Categories: Candy,Candy Reviews,Chocolate Candy

Chocolat Noir

Every year on my birthday, my parents would take me out for a special dinner. I used to love getting all dressed up and heading out to what I considered to be a fancy restaurant; the kind of restaurant that required reservations, served Shirley Temples in sparkling crystal glasses, and had beautiful chandeliers hanging from the ceilings. My mother would lay out a freshly ironed dress and a pair of patent-leather shoes for me, and I’d quickly get myself ready for my big birthday night. But it wasn’t the fancy lights or the Shirley Temples or the general fanciness of the restaurant that got me excited – those things were just added bonuses, background prettiness for the real star of the evening: the fancy awesome birthday dinner dessert.

Every year, my parents would “surprise me” by ordering a piece of birthday cake and having the waiters come over and embarrass me to death with a variation of the birthday song. And every year, I’d hand the cake over to my dad and order a big old glass of chocolate mousse.

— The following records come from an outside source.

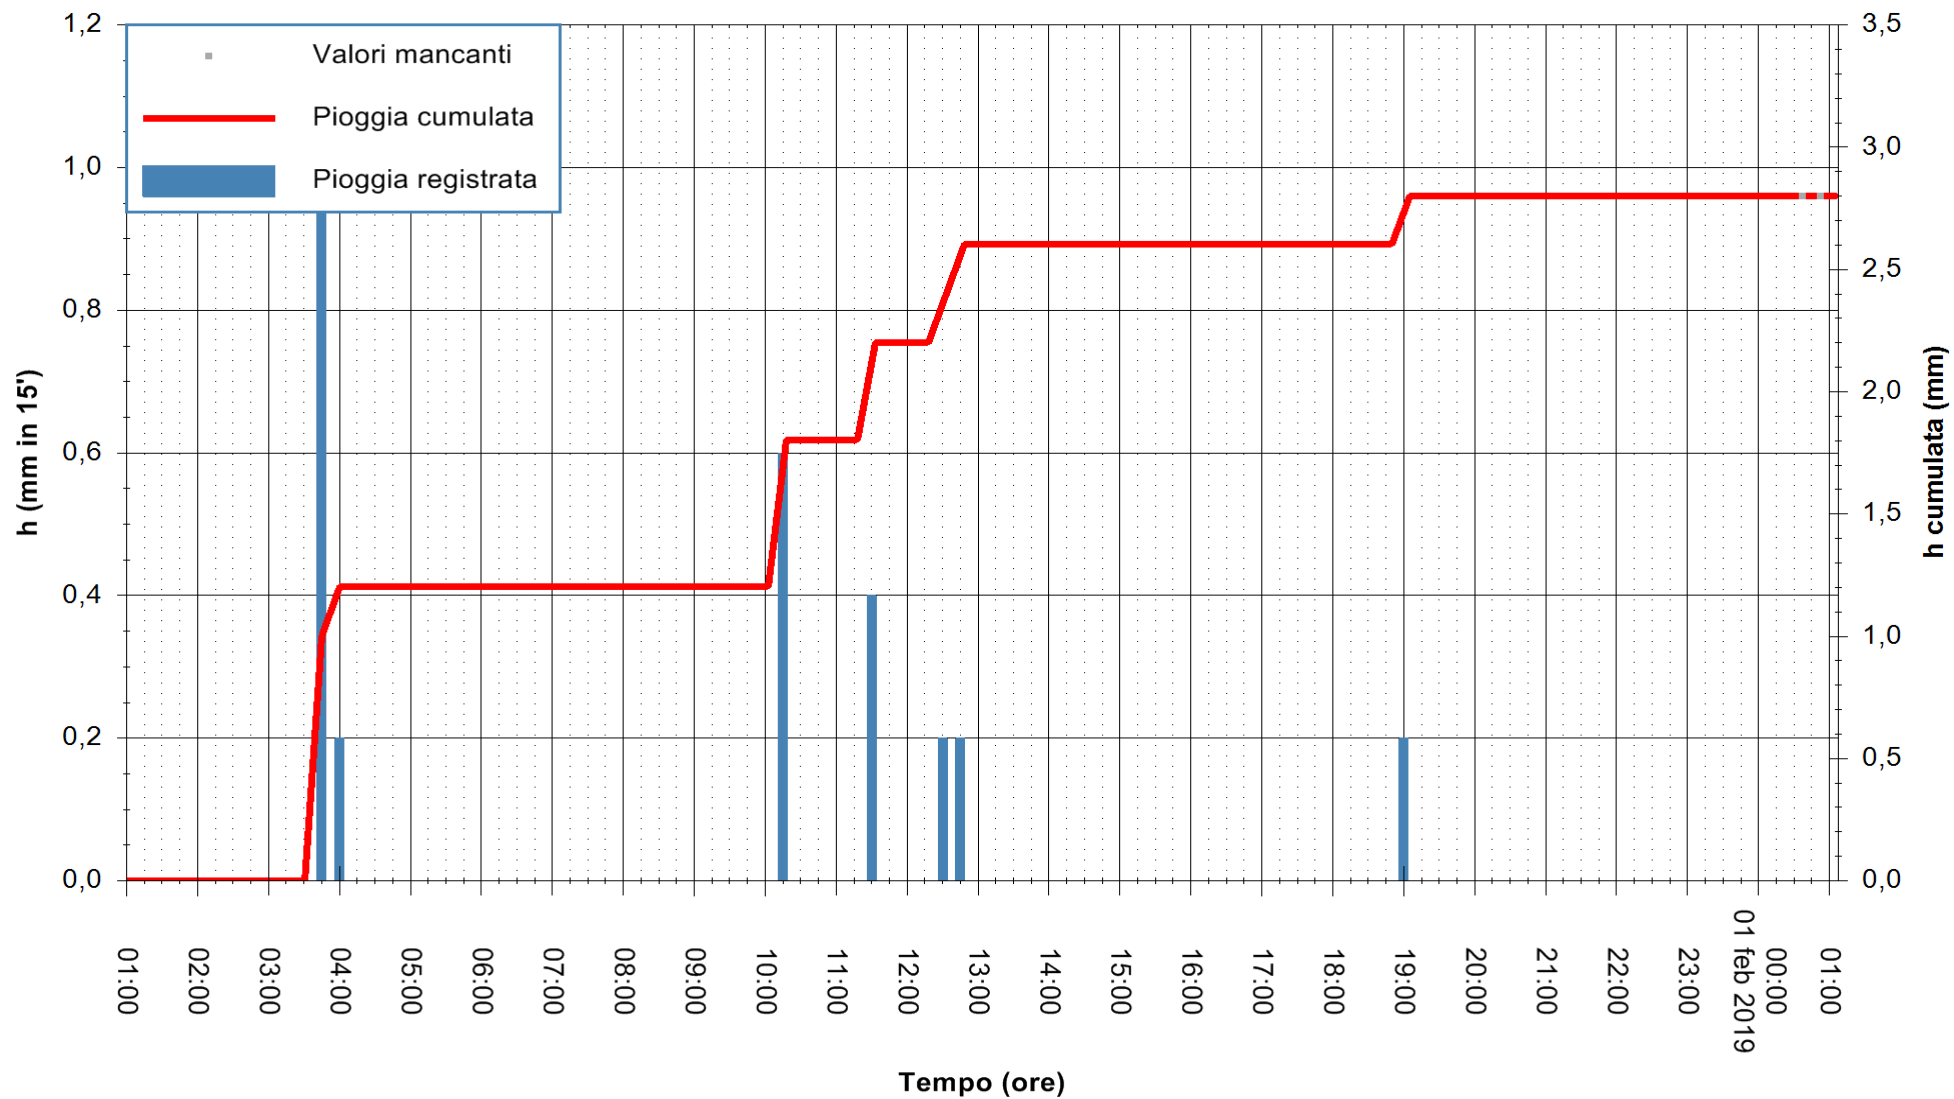

ARPAS
F.to il Dirigente Responsabile
Dott. Giuseppe Bianco

REGIONE AUTÒNOMA DE SARDIGNA
REGIONE AUTONOMA DELLA SARDEGNA

Stazione pluviometrica Siniscola
Area SU PRANU
Pioggia registrata nelle ultime 24 ore
Estrazione dati delle ore 00:57 del 01/02/2019
Ultimo dato disponibile: 01/02/2019 alle 00:30

ARPAS
F.to il Dirigente Responsabile
Dott. Giuseppe Bianco

REGIONE AUTONOMA DE SARDIGNA
REGIONE AUTONOMA DELLA SARDEGNA

Stazione pluviometrica Lula
 Area PIZZONCHI
 Pioggia registrata nelle ultime 24 ore
 Estrazione dati delle ore 00:57 del 01/02/2019
 Ultimo dato disponibile: 01/02/2019 alle 00:00
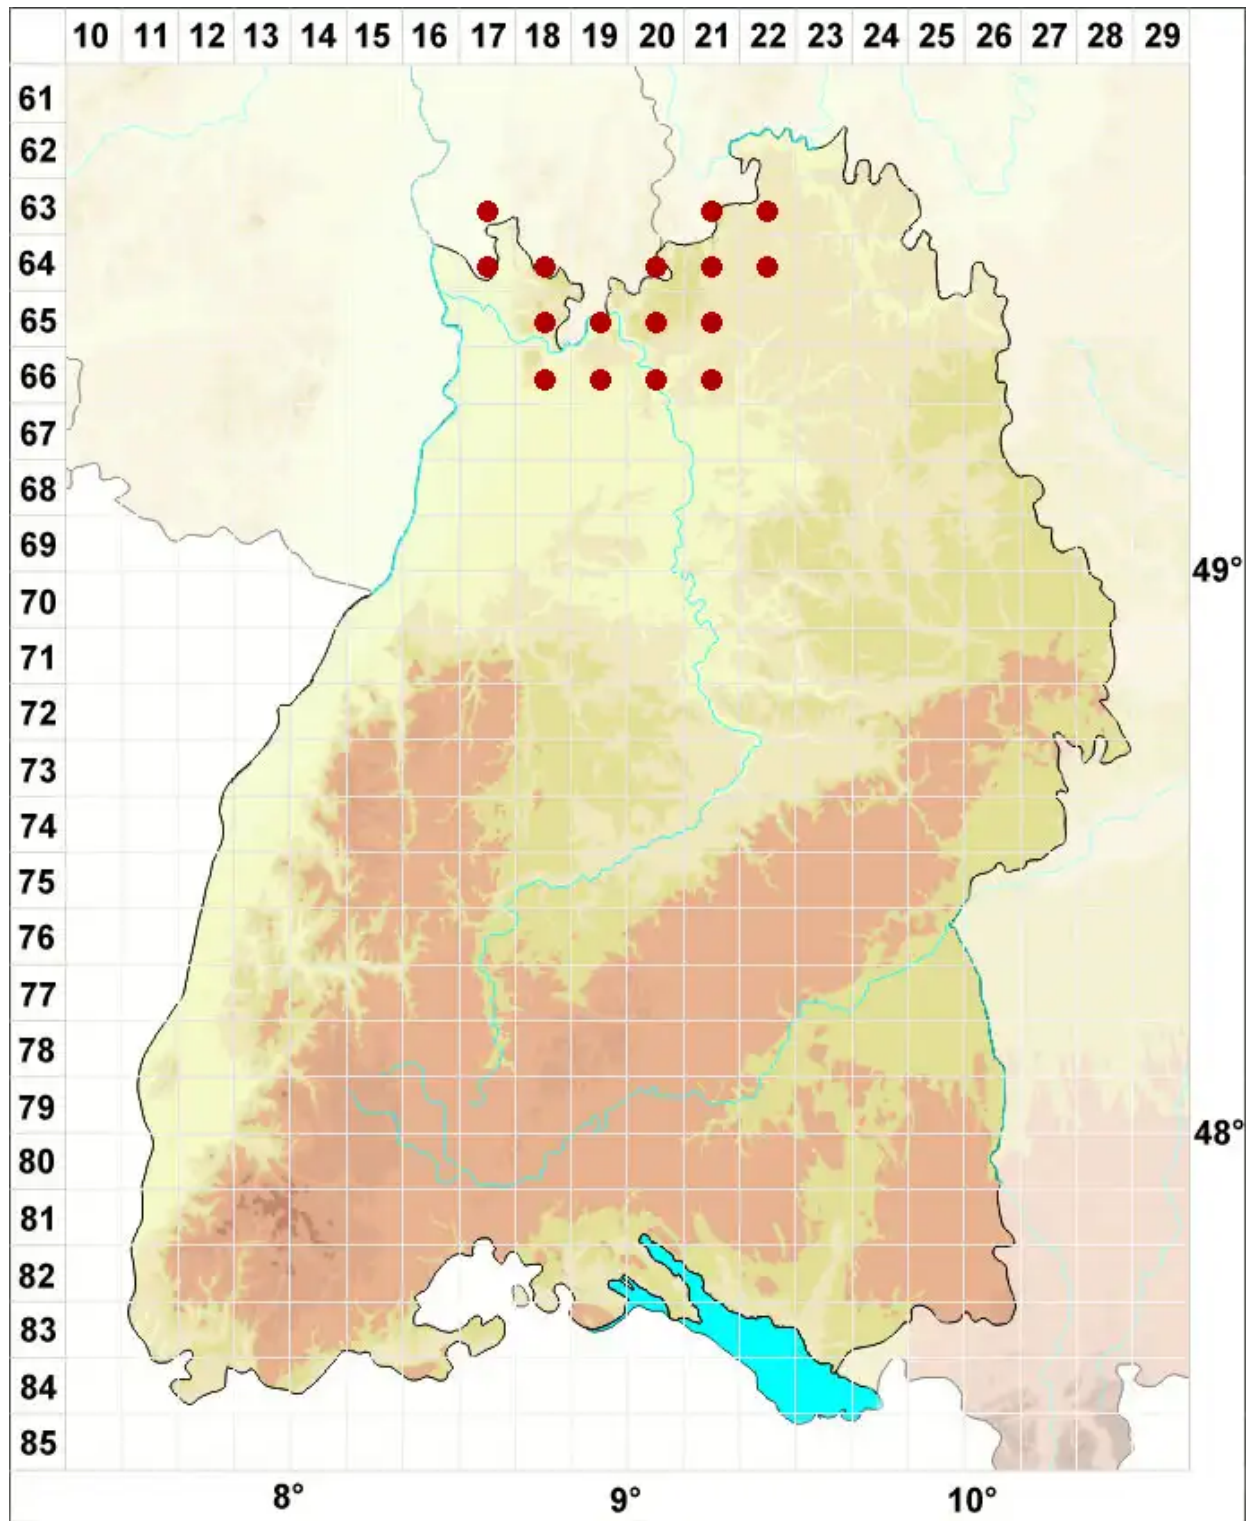

# Bilimbia sabuletorum (Schreb.) Arnold

Gewöhnliche Stäbchenflechte

Legende:

- Symbole:**
- Ausgefülltes Symbol:  
Zeitraum von 1980 bis heute (Aktuelle Angabe)
  - Leeres Symbol:  
Zeitraum vor 1980 (Altangabe)
  - Quadrat: Herbarbeleg

There’s nothing better than good chocolate mousse. When you go to a restaurant that does it up right, eating chocolate mousse is akin to eating a giant vat of melted 3 Musketeers, with a dollop of whipped cream on top. It is brilliant and lovely and wonderful and all of the things that chocolate should be. Bad chocolate mousse is another story, as it tastes like stale chocolate milk crossed with an egg-crate mattress. It’s bad news, bears.